▶ WORK TASK: Where a picture appears, leave it out, and print the rest of the records as they are.

(Records from a collection)

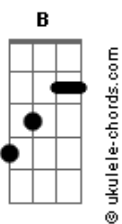

Seafret - Overtime

Tom:

Intro: Gb

(Gb)

See, when I found you
All the doors were locked
And I was aiming to turn that round
Take the wait off you
Push away the rocks
Cause' they will only slow you down

Abm B
I will find a space in your heart

And maybe I can come with you
Abm B
I could be more than a lover

More than a lover to you

(Gb)

Jumped in the water
Thinking you'd be safe
I can't stand to watch you fall
We don't plan for disaster
We dont plan for earthquakes
I wonder if you think at all

Abm B
I left my heart to decide

And lately i've been jumping too
Abm B
You know I'm more than a lover

More than a lover to you

Db D Ebm B Gb
Down in this heart of mine

Acordes

Love's working overtime

Ebm
I'm bound to fall

For you I'd lose it all
B Gb
Ebm B

Don't you know

Ebm B

Lets take it slow

(Gb)

Stick to the path
And follow your own road
I just wanna be where you are
Stay by my side
Do you really have to go
And I'll keep you safe from harm
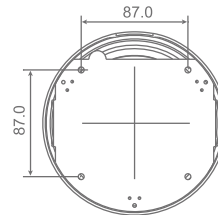

Note: Items marked with an asterisk (*) are optional

V3 Series

Full HD • Real-time • Vari-focal

Dimension

Unit: (mm)

Features

- Progressive Scan CMOS Sensor
- NEW** • Full HD 1080p / HD 720p real-time at dual streaming
- H.264 and MJPEG compression
- Remote Zoom & Focus (Motorized Lens)*
- NEW** • Lightweight dome cover
- Detachable modular design
- NEW** • 3-Axis position adjustment
- Motion Detection
- Privacy Masks
- Day/Night (ICR)
- NEW** • IR LED Module (effective distance: 20m)*
- Micro SD support
- **ONVIF** support
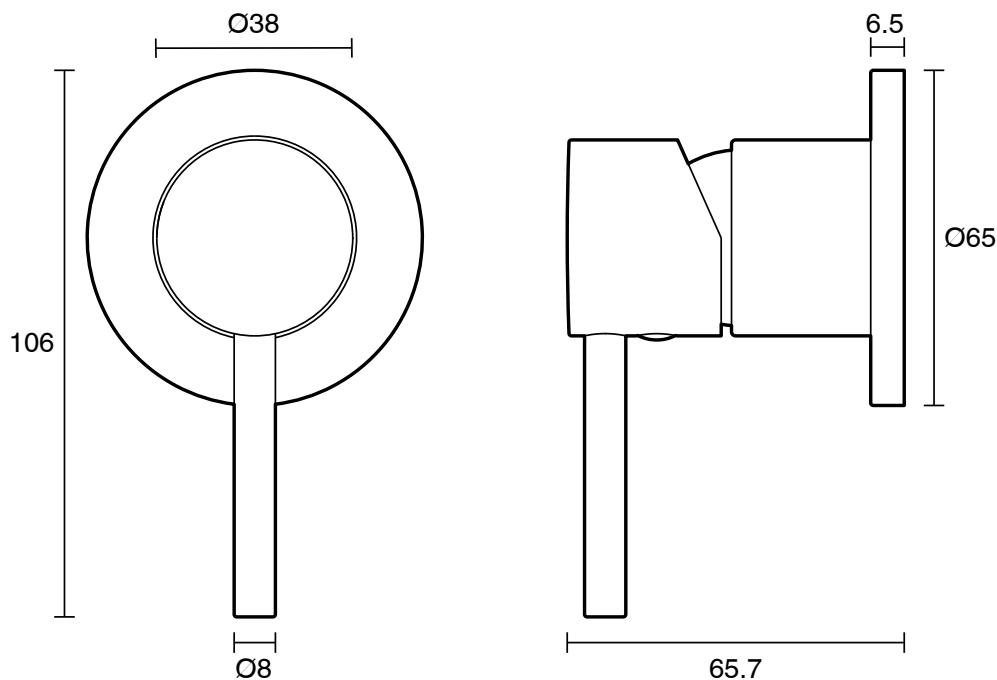

mizu

Mizu Drift Shower Mixer Kit Chrome Lead Free

2267361

SPECIFICATIONS

Recommended Use	Residential;Commercial
Colour Finish	Polished Chrome
Primary Material	Lead Free Brass
Recommended Pressure Range	150 - 500 kPa as per AS3500
Max Continuous Working Temperature (deg C)	65
Min Continuous Working Temperature (deg C)	5

WARRANTY

Residential & Commercial Use (Years)	25
Spare Parts & Labour (Years)	1

Please refer to Mizu Warranty page for full Terms and Conditions

Dimensions are nominal measurements only.

CLEANING RECOMMENDATIONS:

We recommend the use of soapy water or approved cleaners. This product should not be cleaned with abrasive materials. Damage caused by any improper treatment is not covered by the product warranty. Refer to Warranty Conditions

Disclaimer: Products in this specification manual must by regulation be installed by licensed and registered trade people. The manufacturer/distributor reserves the right to vary specifications or delete models from their range without prior notification. Dimensions are nominal measurements only. Dimensions and set-outs listed are correct at time of publication however the manufacturer/distributor takes no responsibility for printing errors.

Published 01/04/2026

To see the complete Mizu range go to www.reece.com.au
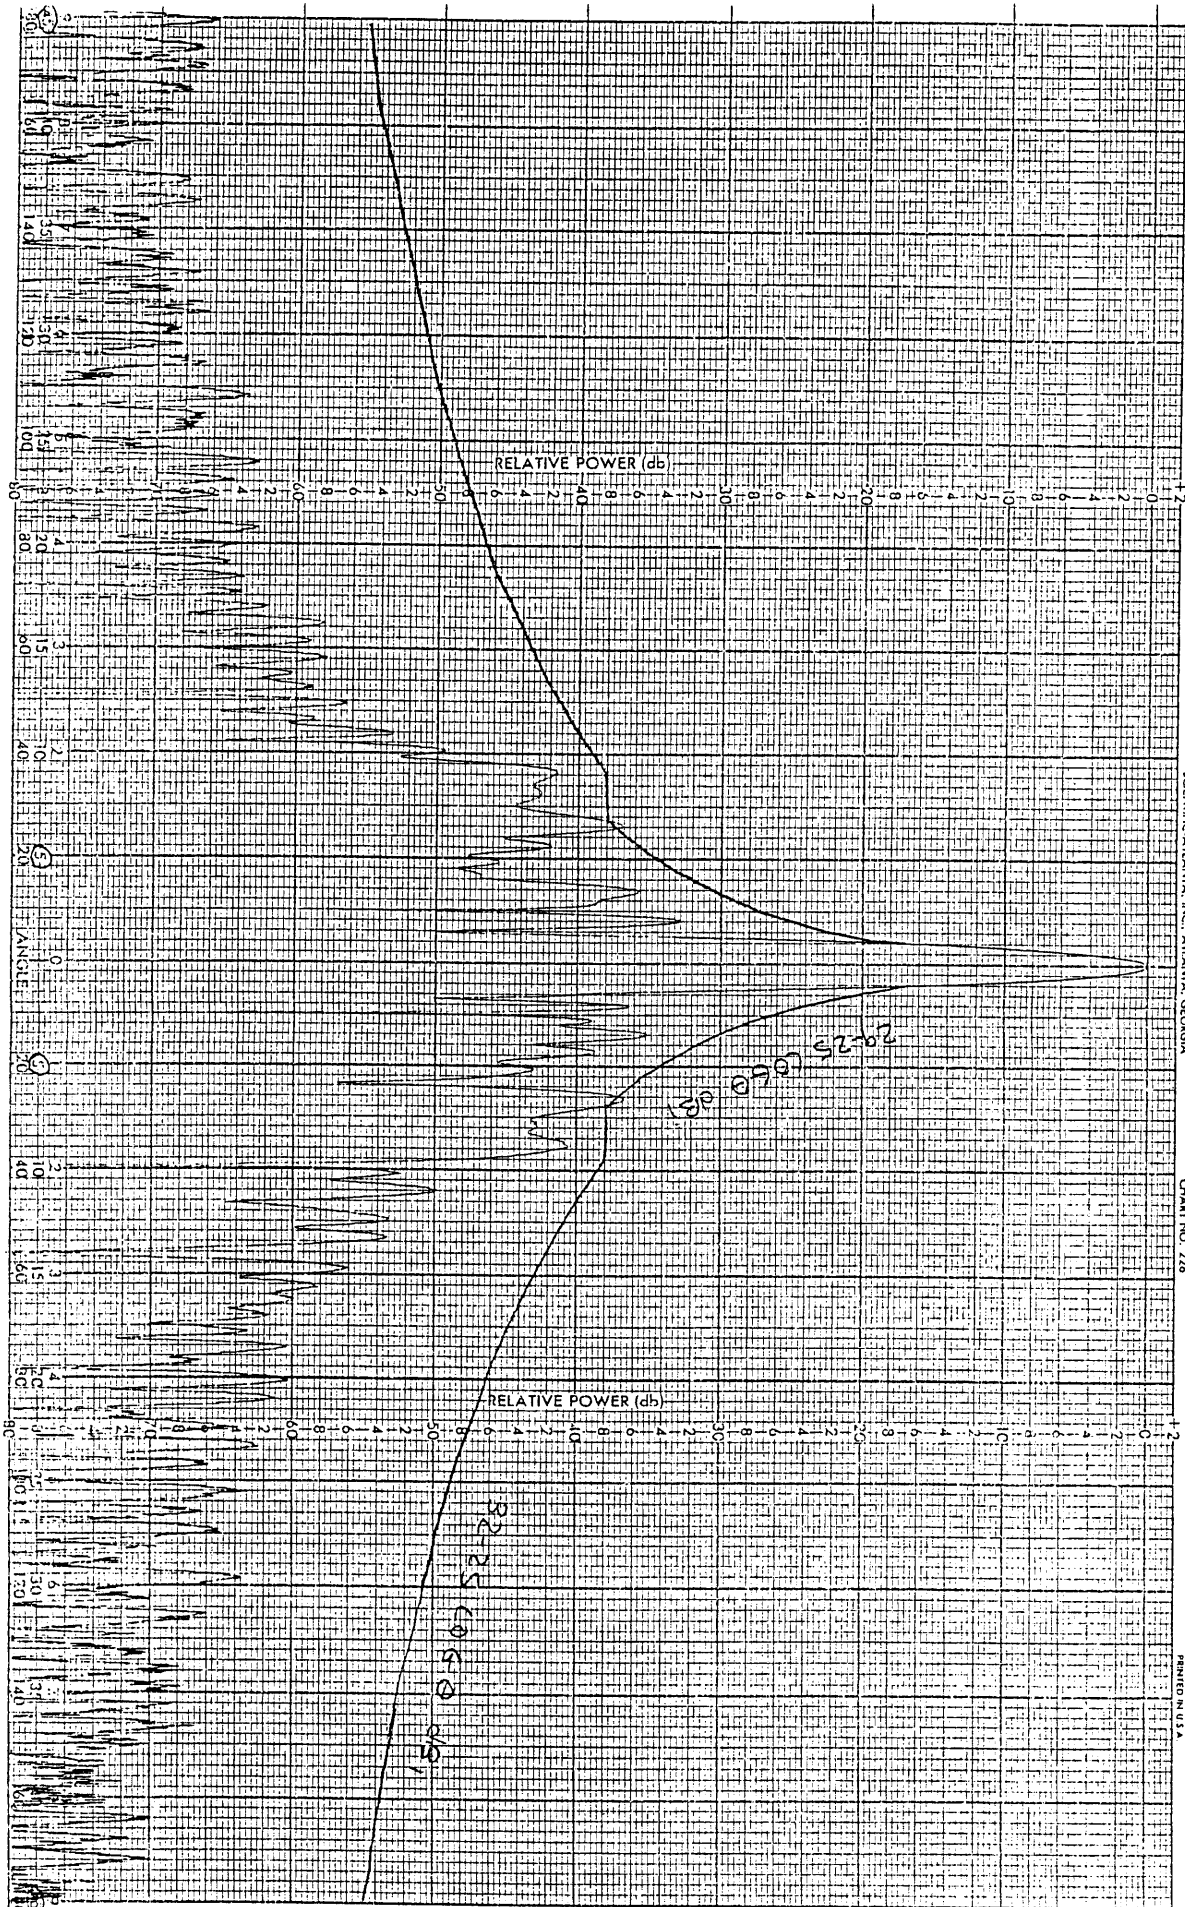

SCIENTIFIC ATLANTA, INC., ATLANTA, GEORGIA

CHART NO. 226

REVISED N.Y.S.A.

PROJECT 3.6M
REMARKS

6.425 GHz F-PIN 117 SYM.

ENGR RB GB

DATE 1-14-92
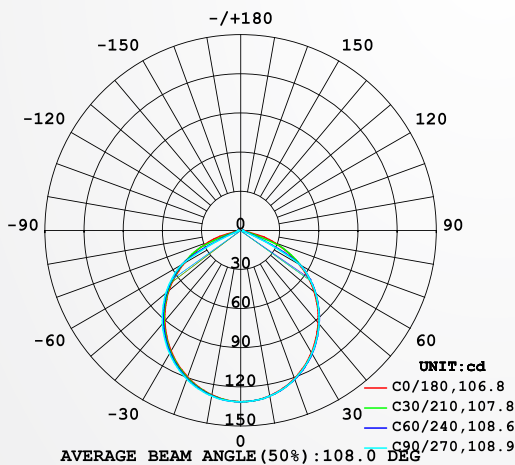

5W

LUMINAIRE PHOTOMETRIC TEST REPORT

NAME: EROS LED DOWNLIGHT	TYPE: LED	WEIGHT:
SPEC.: 5W	DIM.:	SERIAL No.:
MFR.: NEXLEDS	SUR.:	Shielding Angle:

DATA OF LAMP		PHOTOMETRIC DATA			
MODEL	DL13-3CCT 5W	Imax (cd)	131.3	S/MH (C0/180)	1.22
NOMINAL POWER (W)	5	LOR (%)	100.0	S/MH (C90/270)	1.24
RATED VOLTAGE (V)	220	TOTAL FLUX (lm)	416.26	η UP, DN (C0-180)	0.0, 50.1
NOMINAL FLUX (lm)	416.264	CIE CLASS	DIRECT	η UP, DN (C180-360)	0.0, 49.9
LAMPS INSIDE	1	η up (%)	0.0	CIBSE SHR NOM	1.25
TEST VOLTAGE (V)	220.0	η down (%)	100.0	CIBSE SHR MAX	1.35

LUMINOUS INTENSITY DISTRIBUTION DIAGRAM
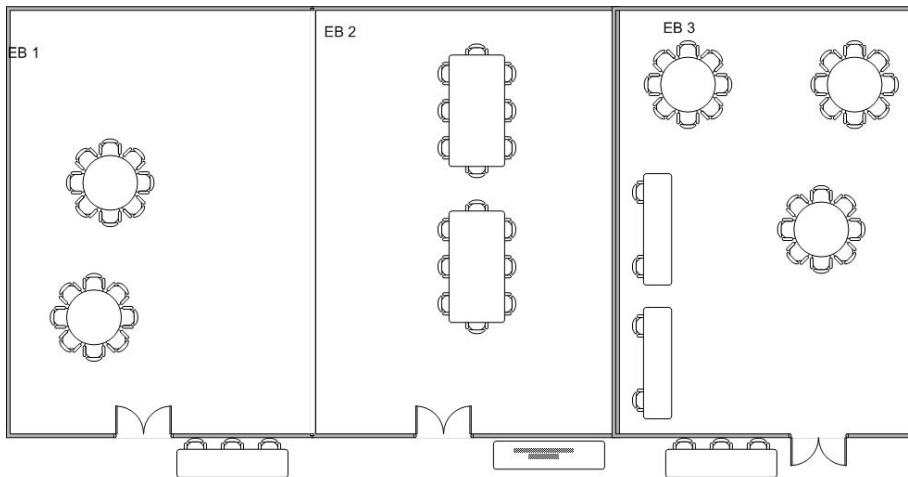

Laguna Beach

Wyrd Con 2010 - Selected Room Layouts, not to scale

Layouts Subject to change www.wyrdcon.com

Emerald Bay
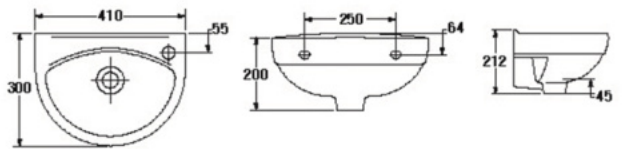

KITTY

- Basin 410 mm.
- Wall-hung
- Color : White
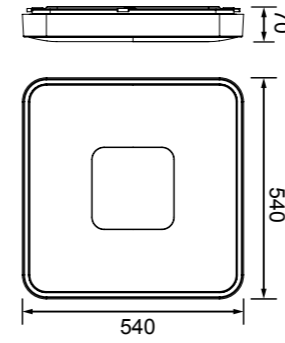

7919 Blanco-White
LED 80W 2700K-5000K 3900lm

R00129

R00129

Metal/Acrílico/ABS-Metal/Acrylic/ABS 220-240V~ 50/60Hz CRI≥ 80 R00129 Incluido

7918 Madera-Wood
LED 100W 2700K-5000K 4900lm

7917 Negro-Black
LED 100W 2700K-5000K 4900lm

▶ EXERCISE ANSWER:
Seafret - Overtime

Tom:

Intro: Gb

(Gb)

See, when I found you
All the doors were locked
And I was aiming to turn that round
Take the wait off you
Push away the rocks
Cause' they will only slow you down

Abm B
I will find a space in your heart

And maybe I can come with you
Abm B
I could be more than a lover

More than a lover to you

(Gb)

Jumped in the water
Thinking you'd be safe
I can't stand to watch you fall
We don't plan for disaster
We dont plan for earthquakes
I wonder if you think at all

Abm B
I left my heart to decide

And lately i've been jumping too
Abm B
You know I'm more than a lover

More than a lover to you

Db D Ebm B Gb
Down in this heart of mine

Acordes

Love's working overtime

Ebm
I'm bound to fall

For you I'd lose it all
B Gb
Ebm B

Don't you know

Ebm B

Lets take it slow

(Gb)

Stick to the path
And follow your own road
I just wanna be where you are
Stay by my side
Do you really have to go
And I'll keep you safe from harm

Note: Items marked with an asterisk (*) are optional

V3 Series

Full HD • Real-time • Vari-focal

Dimension

Unit: (mm)

Features

- Progressive Scan CMOS Sensor
- NEW** • Full HD 1080p / HD 720p real-time at dual streaming
- H.264 and MJPEG compression
- Remote Zoom & Focus (Motorized Lens)*
- NEW** • Lightweight dome cover
- Detachable modular design
- NEW** • 3-Axis position adjustment
- Motion Detection
- Privacy Masks
- Day/Night (ICR)
- NEW** • IR LED Module (effective distance: 20m)*
- Micro SD support
- **ONVIF** support

mizu

Mizu Drift Shower Mixer Kit Chrome Lead Free

2267361

SPECIFICATIONS

Recommended Use	Residential;Commercial
Colour Finish	Polished Chrome
Primary Material	Lead Free Brass
Recommended Pressure Range	150 - 500 kPa as per AS3500
Max Continuous Working Temperature (deg C)	65
Min Continuous Working Temperature (deg C)	5

WARRANTY

Residential & Commercial Use (Years)	25
Spare Parts & Labour (Years)	1

Please refer to Mizu Warranty page for full Terms and Conditions

Dimensions are nominal measurements only.

CLEANING RECOMMENDATIONS:

We recommend the use of soapy water or approved cleaners. This product should not be cleaned with abrasive materials. Damage caused by any improper treatment is not covered by the product warranty. Refer to Warranty Conditions

Disclaimer: Products in this specification manual must by regulation be installed by licensed and registered trade people. The manufacturer/distributor reserves the right to vary specifications or delete models from their range without prior notification. Dimensions are nominal measurements only. Dimensions and set-outs listed are correct at time of publication however the manufacturer/distributor takes no responsibility for printing errors.

Published 01/04/2026

To see the complete Mizu range go to www.reece.com.au

SCIENTIFIC ATLANTA, INC., ATLANTA, GEORGIA

CHART NO. 226

REVISED N.Y.S.A.

PROJECT 3.6M
REMARKS

6.425 GHz F-PIN 117 SYM.

ENGR RB GB

DATE 1-14-92

5W

LUMINAIRE PHOTOMETRIC TEST REPORT

NAME: EROS LED DOWNLIGHT	TYPE: LED	WEIGHT:
SPEC.: 5W	DIM.:	SERIAL No.:
MFR.: NEXLEDS	SUR.:	Shielding Angle:

DATA OF LAMP		PHOTOMETRIC DATA			
MODEL	DL13-3CCT 5W	Imax (cd)	131.3	S/MH (C0/180)	1.22
NOMINAL POWER (W)	5	LOR (%)	100.0	S/MH (C90/270)	1.24
RATED VOLTAGE (V)	220	TOTAL FLUX (lm)	416.26	η UP, DN (C0-180)	0.0, 50.1
NOMINAL FLUX (lm)	416.264	CIE CLASS	DIRECT	η UP, DN (C180-360)	0.0, 49.9
LAMPS INSIDE	1	η up (%)	0.0	CIBSE SHR NOM	1.25
TEST VOLTAGE (V)	220.0	η down (%)	100.0	CIBSE SHR MAX	1.35

LUMINOUS INTENSITY DISTRIBUTION DIAGRAM

Laguna Beach

Wyrd Con 2010 - Selected Room Layouts, not to scale

Layouts Subject to change www.wyrdcon.com

Emerald Bay

KITTY

- Basin 410 mm.
- Wall-hung
- Color : White

7919 Blanco-White
LED 80W 2700K-5000K 3900lm

R00129

R00129

Metal/Acrílico/ABS-Metal/Acrylic/ABS 220-240V~ 50/60Hz CRI≥ 80 R00129 Incluido

7918 Madera-Wood
LED 100W 2700K-5000K 4900lm

7917 Negro-Black
LED 100W 2700K-5000K 4900lm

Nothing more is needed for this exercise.